Metadata-Version: 2.1
Name: km3io
Version: 0.24.0
Summary: KM3NeT I/O without ROOT
Home-page: http://git.km3net.de/km3py/km3io
Author: Zineb Aly, Tamas Gal, Johannes Schumann
Author-email: zaly@km3net.de, tgal@km3net.de, johannes.schumann@fau.de
License: UNKNOWN
Description: The km3io Python package
        ========================
        
        .. image:: https://git.km3net.de/km3py/km3io/badges/master/pipeline.svg
            :target: https://git.km3net.de/km3py/km3io/pipelines
        
        .. image:: https://git.km3net.de/km3py/km3io/badges/master/coverage.svg
            :target: https://km3py.pages.km3net.de/km3io/coverage
        
        .. image:: https://api.codacy.com/project/badge/Grade/0660338483874475ba04f324de2123ec
            :target: https://www.codacy.com/manual/tamasgal/km3io?utm_source=github.com&amp;utm_medium=referral&amp;utm_content=KM3NeT/km3io&amp;utm_campaign=Badge_Grade
        
        .. image:: https://git.km3net.de/examples/km3badges/-/raw/master/docs-latest-brightgreen.svg
            :target: https://km3py.pages.km3net.de/km3io
        
        This software provides a set of Python classes to read KM3NeT ROOT files
        without having ROOT, Jpp or aanet installed. It only depends on Python 3.5+ and the amazing `uproot <https://github.com/scikit-hep/uproot>`__ package and gives you access to the data via numpy arrays.
        
        It's very easy to use and according to the `uproot <https://github.com/scikit-hep/uproot>`__ benchmarks, it is able to outperform the ROOT I/O performance. 
        
        **Note:** Beware that this package is in the development phase, so the API will change until version ``1.0.0`` is released!
        
        Installation
        ============
        
        Install km3io using pip::
        
            pip install km3io 
        
        To get the latest (stable) development release::
        
            pip install git+https://git.km3net.de/km3py/km3io.git
        
        **Reminder:** km3io is **not** dependent on aanet, ROOT or Jpp!
        
        Questions
        =========
        
        If you have a question about km3io, please proceed as follows:
        
        - Read the documentation below.
        - Explore the `examples <https://km3py.pages.km3net.de/km3io/examples.html>`__ in the documentation.

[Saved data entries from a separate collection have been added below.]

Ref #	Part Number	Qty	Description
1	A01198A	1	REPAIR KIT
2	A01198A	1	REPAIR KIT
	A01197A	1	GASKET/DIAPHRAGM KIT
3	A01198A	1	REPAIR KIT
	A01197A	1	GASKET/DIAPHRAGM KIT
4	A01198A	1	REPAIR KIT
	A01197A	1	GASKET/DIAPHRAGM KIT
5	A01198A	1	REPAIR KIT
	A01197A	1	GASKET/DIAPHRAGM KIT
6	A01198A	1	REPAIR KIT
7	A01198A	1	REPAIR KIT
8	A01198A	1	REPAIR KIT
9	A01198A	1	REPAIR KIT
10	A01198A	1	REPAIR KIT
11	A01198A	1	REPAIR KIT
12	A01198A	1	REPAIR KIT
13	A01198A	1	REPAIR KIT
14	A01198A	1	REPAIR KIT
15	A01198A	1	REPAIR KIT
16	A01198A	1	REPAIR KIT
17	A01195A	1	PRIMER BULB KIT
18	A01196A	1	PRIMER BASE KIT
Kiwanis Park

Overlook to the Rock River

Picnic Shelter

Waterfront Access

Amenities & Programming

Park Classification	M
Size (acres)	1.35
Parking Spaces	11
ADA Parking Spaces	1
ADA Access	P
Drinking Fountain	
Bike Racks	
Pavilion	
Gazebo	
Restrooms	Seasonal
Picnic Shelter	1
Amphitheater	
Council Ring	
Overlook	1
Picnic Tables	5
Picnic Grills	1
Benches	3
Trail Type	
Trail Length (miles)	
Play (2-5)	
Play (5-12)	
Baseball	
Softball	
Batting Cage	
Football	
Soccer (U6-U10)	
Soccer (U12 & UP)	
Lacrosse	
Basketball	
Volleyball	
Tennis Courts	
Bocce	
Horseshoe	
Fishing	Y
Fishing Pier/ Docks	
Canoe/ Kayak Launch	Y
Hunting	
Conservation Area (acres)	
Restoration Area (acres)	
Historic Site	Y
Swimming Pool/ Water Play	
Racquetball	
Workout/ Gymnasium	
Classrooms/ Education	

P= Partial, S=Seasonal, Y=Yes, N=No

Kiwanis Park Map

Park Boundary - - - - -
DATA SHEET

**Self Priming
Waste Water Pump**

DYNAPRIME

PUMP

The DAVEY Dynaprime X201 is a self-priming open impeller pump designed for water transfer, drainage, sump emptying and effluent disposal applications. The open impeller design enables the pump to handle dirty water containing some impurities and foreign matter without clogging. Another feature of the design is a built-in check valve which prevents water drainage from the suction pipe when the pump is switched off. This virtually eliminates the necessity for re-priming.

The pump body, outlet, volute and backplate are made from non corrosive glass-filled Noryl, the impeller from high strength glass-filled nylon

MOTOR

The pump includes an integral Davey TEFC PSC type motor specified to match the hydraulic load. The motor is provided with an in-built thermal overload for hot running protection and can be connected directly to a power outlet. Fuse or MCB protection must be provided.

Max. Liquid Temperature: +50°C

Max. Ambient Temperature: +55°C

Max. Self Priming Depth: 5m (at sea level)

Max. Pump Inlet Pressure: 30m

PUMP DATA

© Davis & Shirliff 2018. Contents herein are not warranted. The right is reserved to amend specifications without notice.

        - Haven't you found an answer to your question in the documentation, post a git issue with your question showing us an example of what you have tried first, and what you would like to do.
        - Have you noticed a bug, please post it in a git issue, we appreciate your contribution.
        
        
        Introduction
        ------------
        
        Most of km3net data is stored in root files. These root files are created using the `KM3NeT Dataformat library <https://git.km3net.de/common/km3net-dataformat>`__
        A ROOT file created with
        `Jpp <https://git.km3net.de/common/jpp>`__ is an "online" file and all other software usually produces "offline" files.
        
        km3io is a Python package that provides a set of classes: ``OnlineReader``, ``OfflineReader`` and a special class to read gSeaGen files. All of these ROOT files can be read installing any other software like Jpp, aanet or ROOT.
        
        Data in km3io is returned as ``awkward.Array`` which is an advance Numpy-like container type to store
        contiguous data for high performance computations.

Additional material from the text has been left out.